After the individual presentations, General Davis introduced two distinguished panels of experts. Terri Tanelian, Senior Social Research Analyst at RAND, Phil Carter, Director of the Military, Veterans, and Society Program at the Center for New American Security, Dr. Shelley MacDermid Wadsworth of the Purdue Military Family Research Institute, and Dr. Heather O’Beirn-Kelly of the American Psychological Association comprised the Clinical and Research Perspectives Panel. The panel focused on current mental health needs of Iraq and Afghanistan veterans and ways to ensure that clinical practitioners had access to the most effective treatments and screening procedures. Mr. Carter cited current research showing 60% of all Afghanistan and Iraq veterans were currently no longer affiliated with the active military, and about 20% of these had returned from combat with some form of TBI or PTSS. Ms. Tanelian estimated that only about half of the veterans currently suffering from PTSS had sought professional help for their conditions, highlighting the need to increase veteran access to care. Dr. O’Beirn-Kelly emphasized the need to balance clinical and research activities, warning against increasing treatment facilities and practitioners at the expense of research efforts. “Part of the reason we are aware of these problems in the first place is because of research efforts. We cannot short change research for clinicial work.”

CAPT Richard Stolz, USN, Director of the Defense Centers of Excellence for Psychological Health and Traumatic Brain Injury, and Dr. Wendy Tentula, National Director of the VA/DoD Integrated Mental Health program chaired the Policy Perspectives Panel. The panel discussed recent innovations in treatments and new programs designed to more effectively notify veterans of available treatment options. CAPT Stolz emphasized the need to minimize potential negative stigma attached to seeking help for behavioral issues, and highlighted some of the cutting-edge advances used by practitioners today, including smartphone applications that enable clinicians and patients to collaborate and tailor a specific treatment plan for each individual, sleep studies, and websites designed to maximize outreach to veterans and provide referrals and other resources.

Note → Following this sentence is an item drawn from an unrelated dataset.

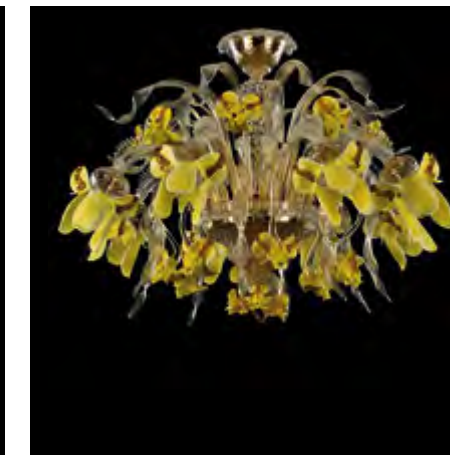

PLO267-8-CAYZ
Ø 95 cm - H 65 cm
☞ E14 8 x MAX 40W ⚖ 23 KG

Perhaps most notably, the Defense Department has simultaneously increased and dispersed its behavioral health practitioners. Dr. Tentula emphasized the need for increased veteran outreach and outlined recent VA approaches, including one similar to the program suggested by SFC Welintukonis. In the last eighteen months, the VA has hired approximately 1000 “peer specialists”—individuals who have experienced the stresses of combat and received treatment—to interact with veterans currently experiencing similar issues and provide advice on how to overcome behavioral health challenges.

Senator Donnelly captured the spirit of the symposium best in his closing remarks: “Every man and woman who has served our country has the right to come home in peace, to secure employment, and to know that we consider them extraordinary heroes.” The Reserve Officers Association will continue to maintain a strong commitment to these goals in the years to come.